Problem to solve: Print them exactly: the lines from the beginning of the entries below through the line that contains "зарегистрировано **2910 горячих точек**.", and only those, with the pictures left out.

Input for this task:

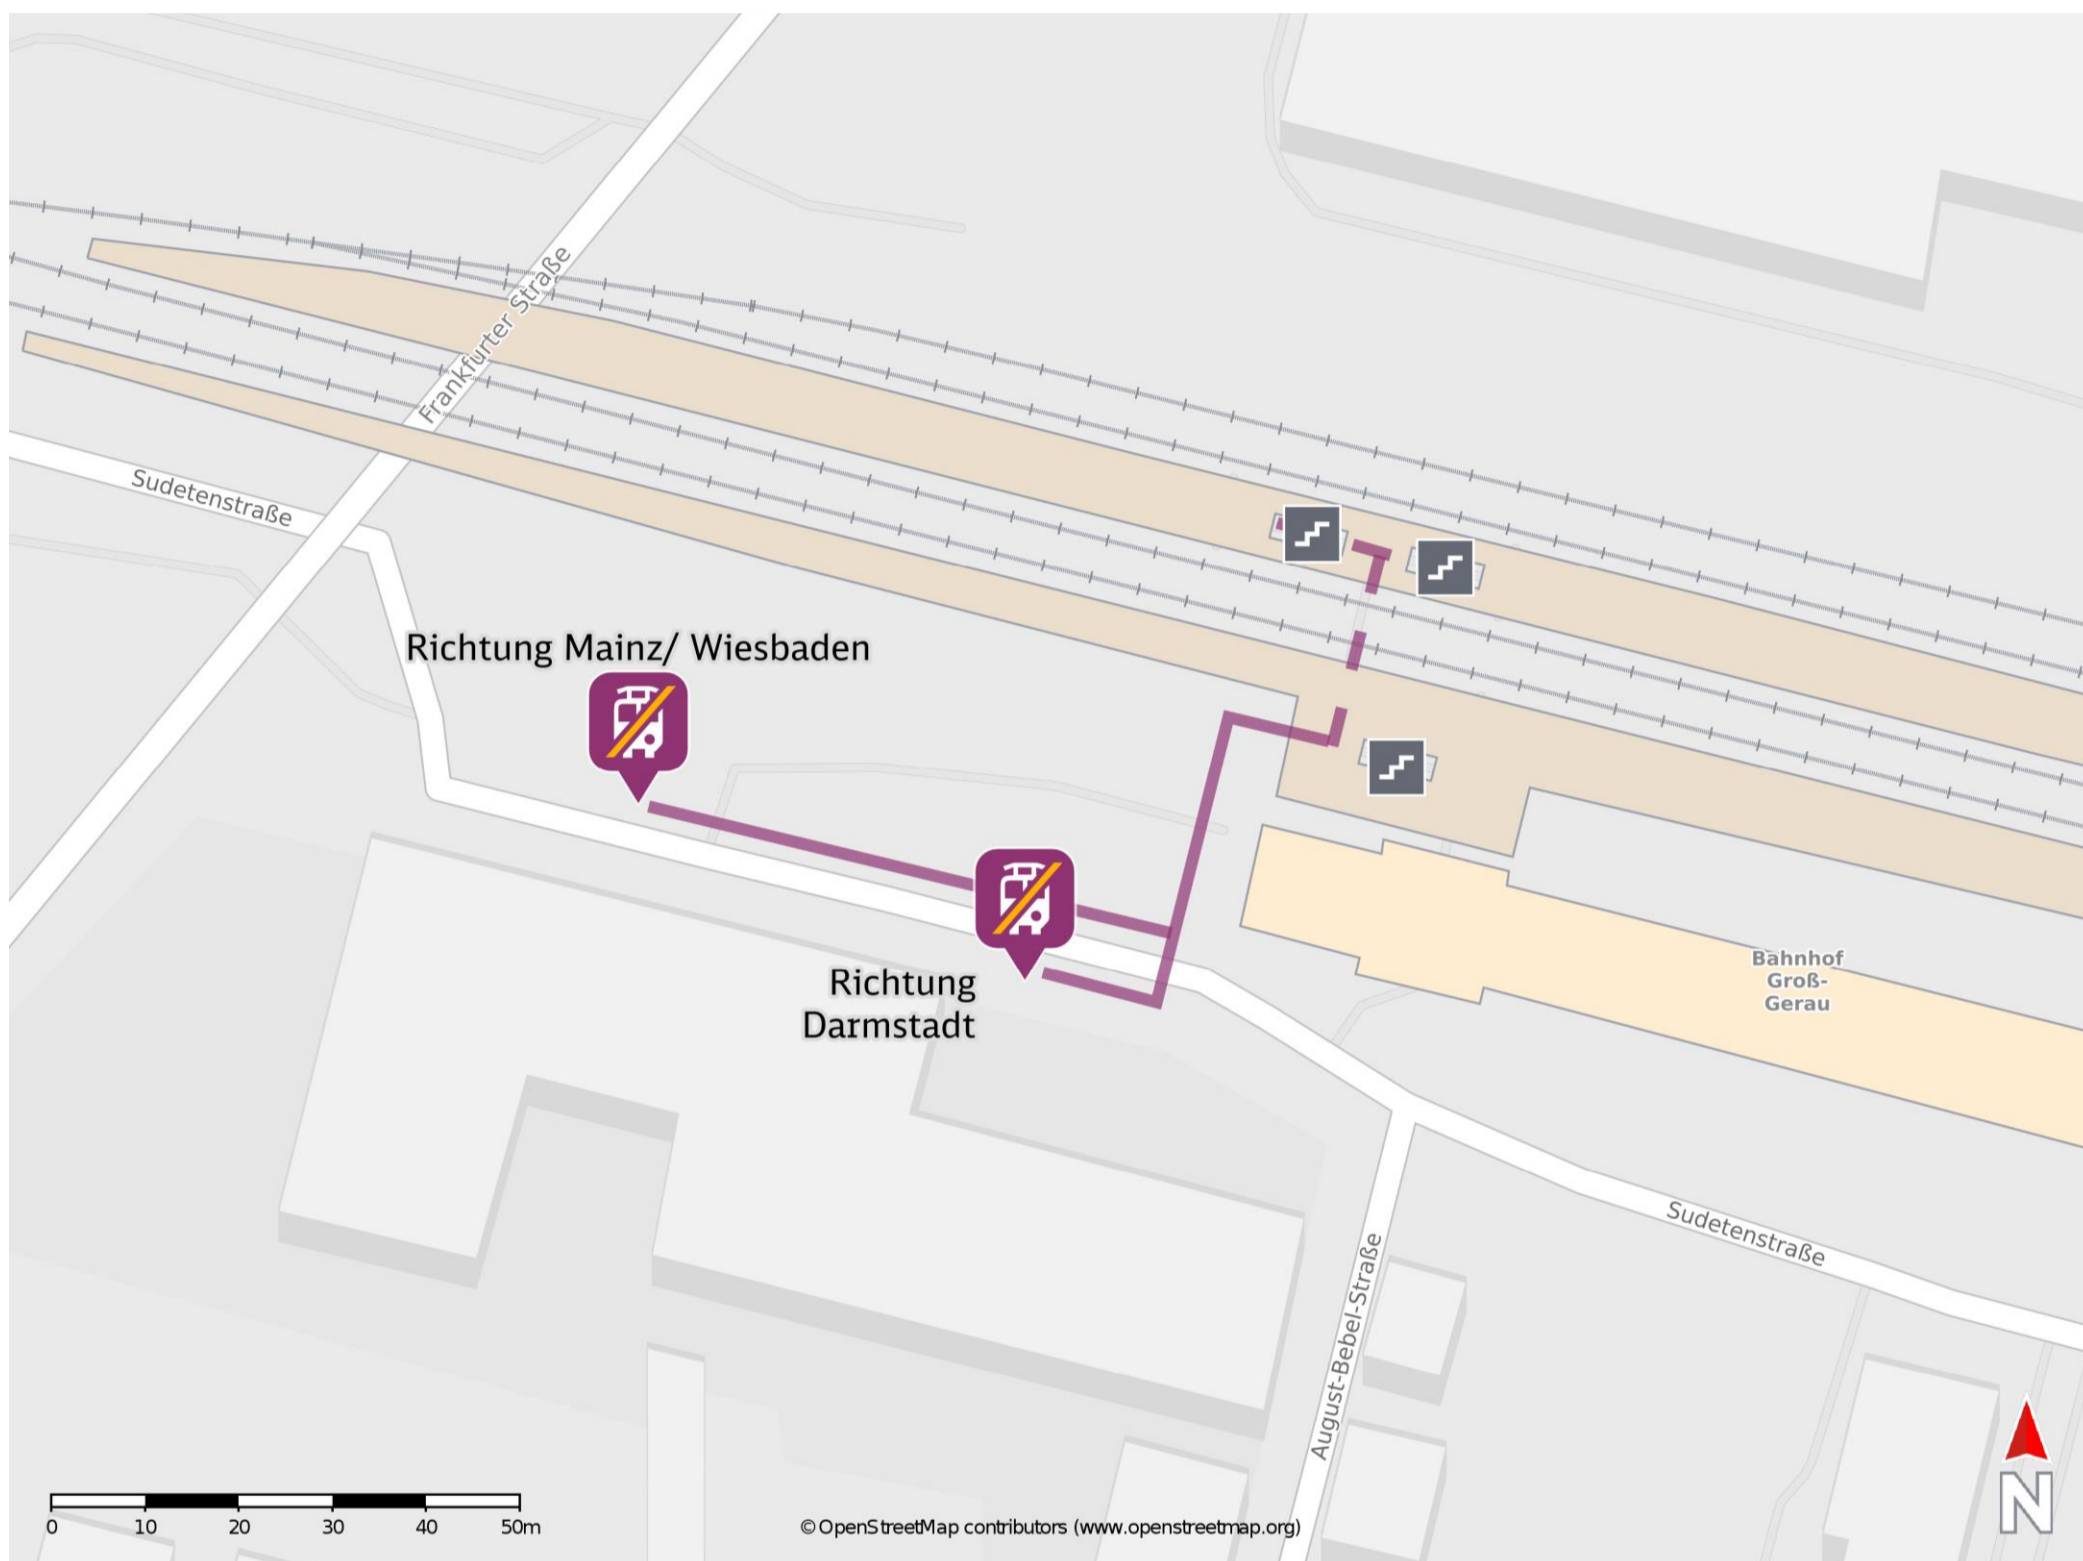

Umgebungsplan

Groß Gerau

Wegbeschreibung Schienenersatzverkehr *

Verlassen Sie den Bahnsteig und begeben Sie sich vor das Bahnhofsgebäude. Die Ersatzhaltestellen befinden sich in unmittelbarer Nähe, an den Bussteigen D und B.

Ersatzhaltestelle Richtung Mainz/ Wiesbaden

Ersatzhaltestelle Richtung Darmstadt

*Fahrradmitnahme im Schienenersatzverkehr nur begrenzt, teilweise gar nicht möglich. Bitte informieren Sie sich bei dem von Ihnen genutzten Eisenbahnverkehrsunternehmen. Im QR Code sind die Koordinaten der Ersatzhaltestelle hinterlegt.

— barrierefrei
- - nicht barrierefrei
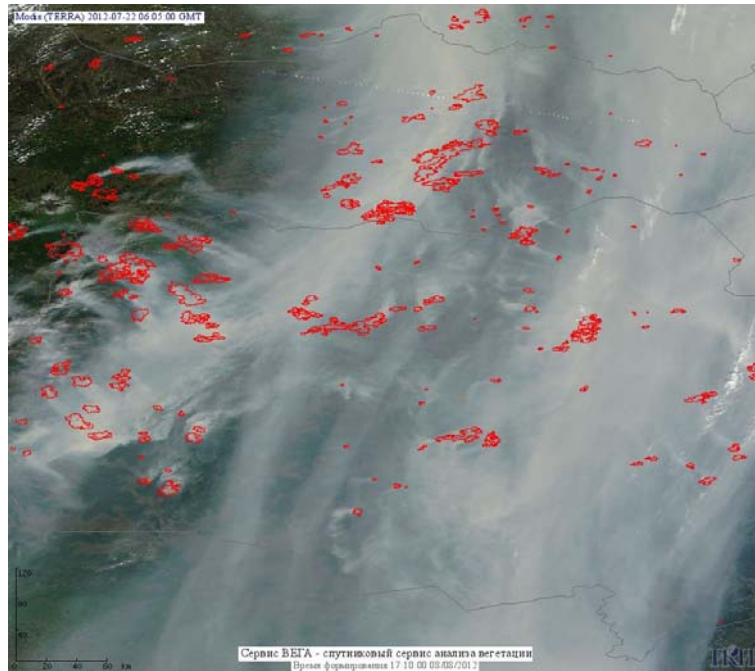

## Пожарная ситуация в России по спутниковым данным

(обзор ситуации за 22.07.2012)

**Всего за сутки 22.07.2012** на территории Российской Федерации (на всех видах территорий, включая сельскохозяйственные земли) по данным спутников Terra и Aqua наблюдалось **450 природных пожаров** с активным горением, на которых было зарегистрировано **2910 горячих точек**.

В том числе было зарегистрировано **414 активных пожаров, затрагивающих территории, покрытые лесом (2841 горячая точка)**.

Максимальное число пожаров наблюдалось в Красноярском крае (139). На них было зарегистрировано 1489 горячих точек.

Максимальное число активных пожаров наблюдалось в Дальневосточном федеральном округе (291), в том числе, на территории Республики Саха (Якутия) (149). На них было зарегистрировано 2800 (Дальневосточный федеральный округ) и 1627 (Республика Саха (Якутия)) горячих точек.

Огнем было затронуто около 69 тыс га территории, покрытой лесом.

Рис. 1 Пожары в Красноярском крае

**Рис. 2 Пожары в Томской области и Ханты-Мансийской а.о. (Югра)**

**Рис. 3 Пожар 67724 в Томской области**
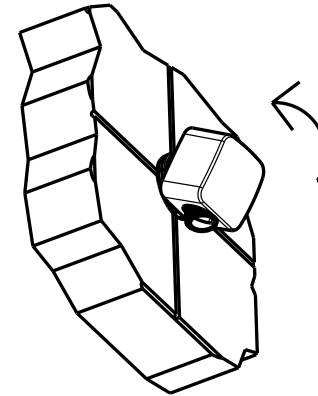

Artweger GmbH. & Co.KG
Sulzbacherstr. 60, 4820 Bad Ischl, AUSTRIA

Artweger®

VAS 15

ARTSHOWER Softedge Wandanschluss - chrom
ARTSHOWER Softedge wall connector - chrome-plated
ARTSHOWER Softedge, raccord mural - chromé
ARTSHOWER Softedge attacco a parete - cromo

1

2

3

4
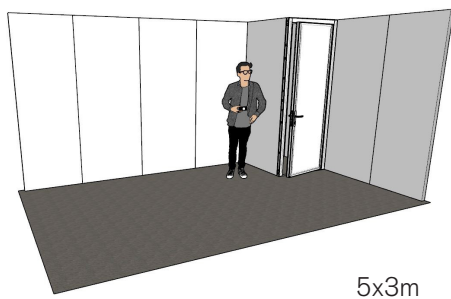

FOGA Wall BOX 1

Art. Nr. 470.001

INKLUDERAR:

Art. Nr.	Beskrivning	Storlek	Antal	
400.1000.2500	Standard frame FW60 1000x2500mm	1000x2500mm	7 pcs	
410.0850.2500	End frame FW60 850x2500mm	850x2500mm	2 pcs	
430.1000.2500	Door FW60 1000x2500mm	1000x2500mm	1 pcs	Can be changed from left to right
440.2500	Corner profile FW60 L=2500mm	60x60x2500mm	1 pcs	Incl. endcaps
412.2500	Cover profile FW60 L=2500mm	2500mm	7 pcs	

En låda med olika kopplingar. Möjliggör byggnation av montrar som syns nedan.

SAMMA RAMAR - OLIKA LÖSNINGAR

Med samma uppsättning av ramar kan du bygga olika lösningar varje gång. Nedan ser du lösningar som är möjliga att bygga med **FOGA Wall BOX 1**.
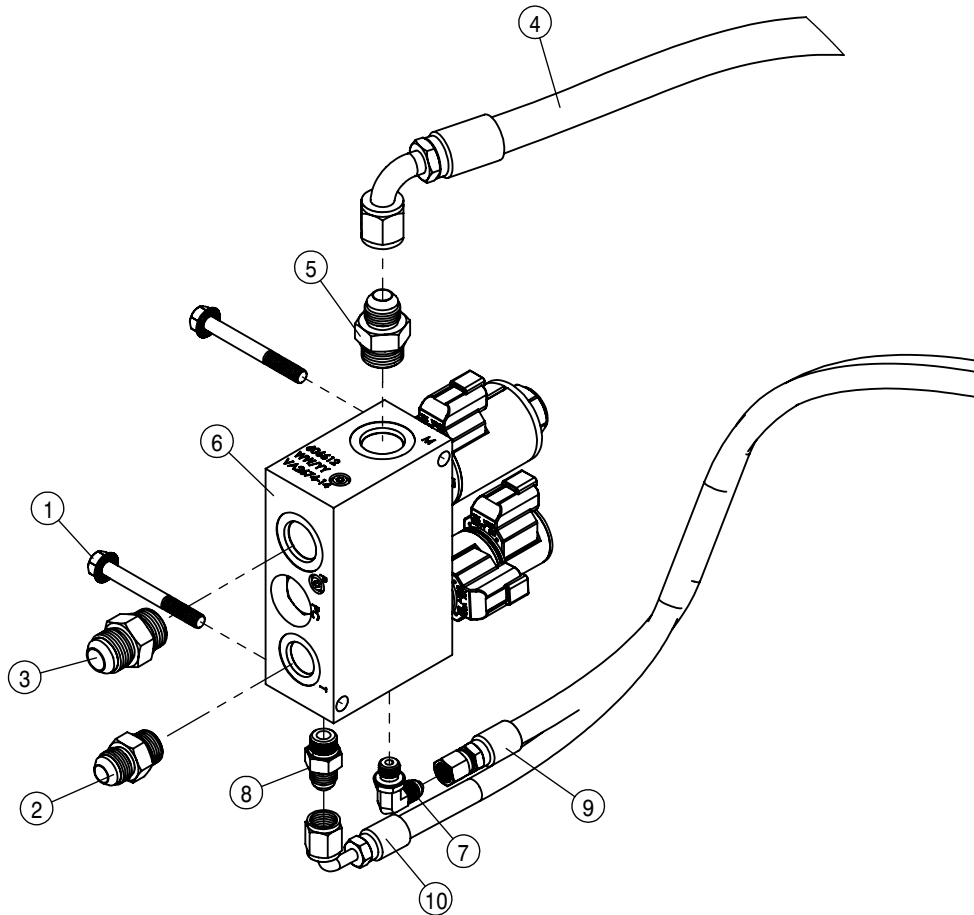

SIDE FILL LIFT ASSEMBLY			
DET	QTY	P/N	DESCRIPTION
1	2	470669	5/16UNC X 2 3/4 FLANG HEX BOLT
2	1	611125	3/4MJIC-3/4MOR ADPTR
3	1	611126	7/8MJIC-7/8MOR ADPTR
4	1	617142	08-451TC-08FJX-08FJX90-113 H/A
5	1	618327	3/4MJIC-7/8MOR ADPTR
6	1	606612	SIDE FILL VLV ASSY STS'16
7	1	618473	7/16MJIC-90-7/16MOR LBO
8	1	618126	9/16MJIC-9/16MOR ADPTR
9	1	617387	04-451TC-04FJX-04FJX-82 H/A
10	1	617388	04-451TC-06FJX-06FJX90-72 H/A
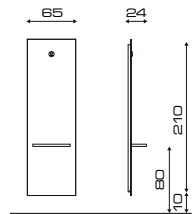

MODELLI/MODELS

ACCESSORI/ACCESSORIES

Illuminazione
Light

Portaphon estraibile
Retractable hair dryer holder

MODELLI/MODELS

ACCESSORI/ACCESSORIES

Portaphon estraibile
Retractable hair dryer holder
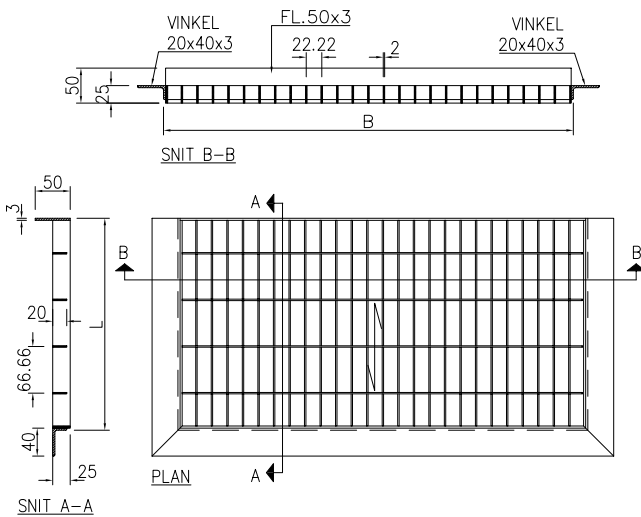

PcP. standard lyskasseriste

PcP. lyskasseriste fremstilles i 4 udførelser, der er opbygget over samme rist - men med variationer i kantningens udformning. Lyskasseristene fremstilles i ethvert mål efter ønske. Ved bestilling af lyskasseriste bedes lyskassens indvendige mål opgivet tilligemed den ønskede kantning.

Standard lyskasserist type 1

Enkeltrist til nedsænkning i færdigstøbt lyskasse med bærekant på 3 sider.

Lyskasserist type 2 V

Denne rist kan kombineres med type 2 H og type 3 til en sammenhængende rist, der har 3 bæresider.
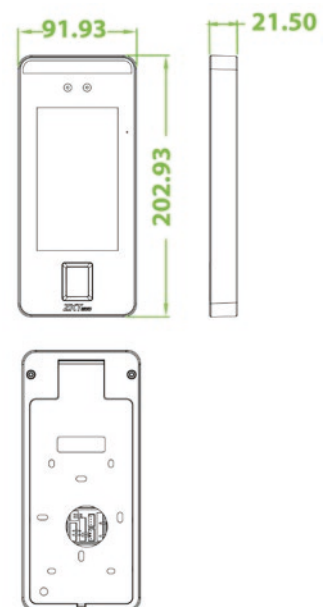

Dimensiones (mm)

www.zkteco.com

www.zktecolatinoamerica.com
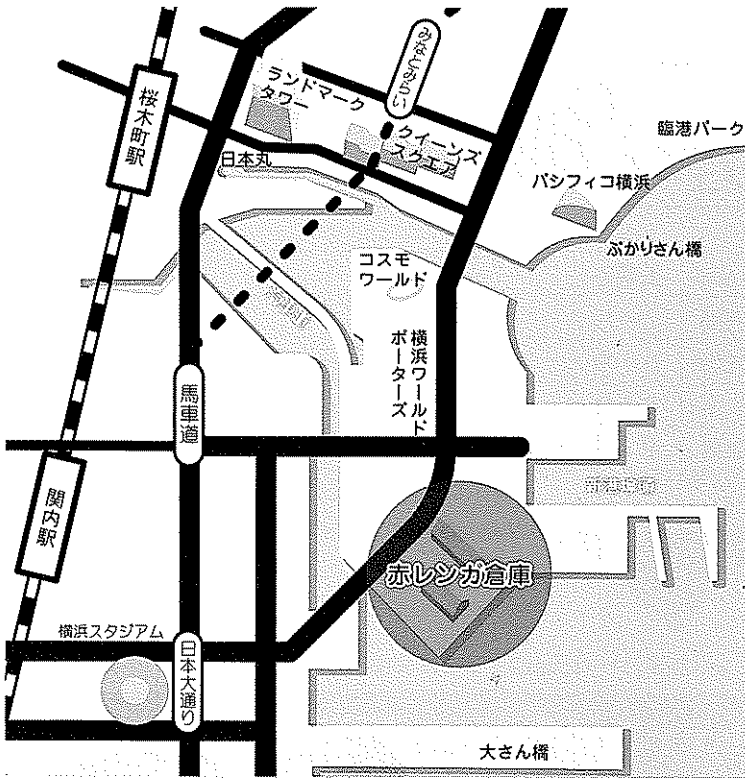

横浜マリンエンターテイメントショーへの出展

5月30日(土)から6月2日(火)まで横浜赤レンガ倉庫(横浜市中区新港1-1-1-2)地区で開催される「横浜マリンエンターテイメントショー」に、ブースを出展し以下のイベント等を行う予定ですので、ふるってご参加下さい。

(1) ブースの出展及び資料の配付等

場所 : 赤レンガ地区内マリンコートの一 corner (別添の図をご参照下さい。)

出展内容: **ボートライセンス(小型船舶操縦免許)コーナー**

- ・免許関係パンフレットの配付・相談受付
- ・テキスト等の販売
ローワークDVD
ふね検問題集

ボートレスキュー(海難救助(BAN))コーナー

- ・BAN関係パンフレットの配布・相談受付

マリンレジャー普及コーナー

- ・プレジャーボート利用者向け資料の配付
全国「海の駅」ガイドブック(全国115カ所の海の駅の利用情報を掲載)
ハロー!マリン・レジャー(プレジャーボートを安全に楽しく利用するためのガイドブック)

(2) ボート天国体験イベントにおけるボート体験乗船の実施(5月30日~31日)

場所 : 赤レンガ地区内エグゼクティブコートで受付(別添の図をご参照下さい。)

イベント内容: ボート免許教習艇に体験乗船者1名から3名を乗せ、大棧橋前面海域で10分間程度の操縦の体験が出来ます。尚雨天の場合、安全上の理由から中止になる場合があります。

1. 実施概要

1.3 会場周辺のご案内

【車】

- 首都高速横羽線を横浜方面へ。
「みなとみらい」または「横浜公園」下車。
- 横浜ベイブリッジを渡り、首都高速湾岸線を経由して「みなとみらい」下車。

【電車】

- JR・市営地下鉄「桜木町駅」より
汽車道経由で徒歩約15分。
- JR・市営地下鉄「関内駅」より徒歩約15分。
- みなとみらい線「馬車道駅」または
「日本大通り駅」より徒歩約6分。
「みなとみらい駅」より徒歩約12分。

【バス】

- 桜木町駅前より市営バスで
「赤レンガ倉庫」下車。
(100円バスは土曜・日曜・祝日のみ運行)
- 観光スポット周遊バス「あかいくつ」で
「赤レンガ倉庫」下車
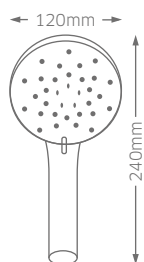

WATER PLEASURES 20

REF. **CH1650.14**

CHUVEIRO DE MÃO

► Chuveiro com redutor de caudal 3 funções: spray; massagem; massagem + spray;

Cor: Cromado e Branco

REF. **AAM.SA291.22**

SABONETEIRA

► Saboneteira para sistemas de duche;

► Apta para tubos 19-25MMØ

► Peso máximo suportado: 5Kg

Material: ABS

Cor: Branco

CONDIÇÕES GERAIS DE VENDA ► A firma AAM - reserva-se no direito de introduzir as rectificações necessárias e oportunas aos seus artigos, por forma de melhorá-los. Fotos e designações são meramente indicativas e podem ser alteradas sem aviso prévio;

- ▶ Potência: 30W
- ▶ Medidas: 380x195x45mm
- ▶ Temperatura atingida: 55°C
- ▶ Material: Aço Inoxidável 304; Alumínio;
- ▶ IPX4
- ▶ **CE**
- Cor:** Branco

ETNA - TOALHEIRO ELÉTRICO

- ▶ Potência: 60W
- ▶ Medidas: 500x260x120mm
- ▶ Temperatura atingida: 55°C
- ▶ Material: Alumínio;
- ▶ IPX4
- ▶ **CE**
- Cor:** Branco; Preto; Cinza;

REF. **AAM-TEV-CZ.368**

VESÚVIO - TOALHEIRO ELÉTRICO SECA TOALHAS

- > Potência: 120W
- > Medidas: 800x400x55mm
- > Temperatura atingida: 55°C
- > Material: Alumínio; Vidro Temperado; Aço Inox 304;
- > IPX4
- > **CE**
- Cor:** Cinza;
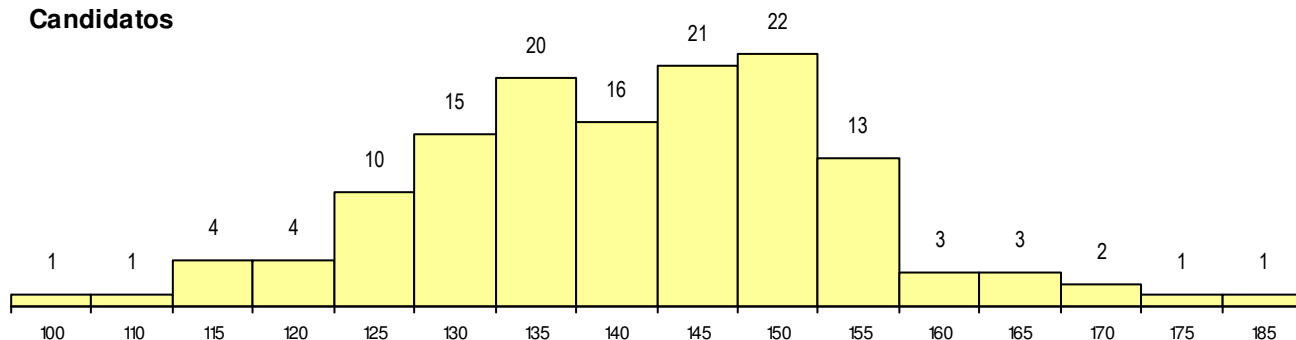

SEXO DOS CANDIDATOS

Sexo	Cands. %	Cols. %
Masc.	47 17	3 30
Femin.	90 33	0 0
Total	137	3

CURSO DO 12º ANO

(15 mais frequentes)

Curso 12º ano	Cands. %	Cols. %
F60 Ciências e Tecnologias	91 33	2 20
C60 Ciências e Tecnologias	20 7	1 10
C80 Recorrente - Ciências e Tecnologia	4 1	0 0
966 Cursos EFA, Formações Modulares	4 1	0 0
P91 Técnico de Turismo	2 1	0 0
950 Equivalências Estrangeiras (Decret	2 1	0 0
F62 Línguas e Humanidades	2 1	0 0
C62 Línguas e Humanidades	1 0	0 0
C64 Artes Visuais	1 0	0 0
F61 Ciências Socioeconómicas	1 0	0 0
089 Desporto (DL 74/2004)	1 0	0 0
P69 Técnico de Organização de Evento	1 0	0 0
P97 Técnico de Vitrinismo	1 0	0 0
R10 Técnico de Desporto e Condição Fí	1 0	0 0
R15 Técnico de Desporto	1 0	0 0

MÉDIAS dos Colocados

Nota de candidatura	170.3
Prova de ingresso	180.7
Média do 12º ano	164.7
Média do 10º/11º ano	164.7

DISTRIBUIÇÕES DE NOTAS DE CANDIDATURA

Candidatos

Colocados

Exercise output:
Umgebungsplan

Groß Gerau

Wegbeschreibung Schienenersatzverkehr *

Verlassen Sie den Bahnsteig und begeben Sie sich vor das Bahnhofsgebäude. Die Ersatzhaltestellen befinden sich in unmittelbarer Nähe, an den Bussteigen D und B.

Ersatzhaltestelle Richtung Mainz/ Wiesbaden

Ersatzhaltestelle Richtung Darmstadt

*Fahrradmitnahme im Schienenersatzverkehr nur begrenzt, teilweise gar nicht möglich. Bitte informieren Sie sich bei dem von Ihnen genutzten Eisenbahnverkehrsunternehmen. Im QR Code sind die Koordinaten der Ersatzhaltestelle hinterlegt.

— barrierefrei
- - nicht barrierefrei

## Пожарная ситуация в России по спутниковым данным

(обзор ситуации за 22.07.2012)

**Всего за сутки 22.07.2012** на территории Российской Федерации (на всех видах территорий, включая сельскохозяйственные земли) по данным спутников Terra и Aqua наблюдалось **450 природных пожаров** с активным горением, на которых было зарегистрировано **2910 горячих точек**.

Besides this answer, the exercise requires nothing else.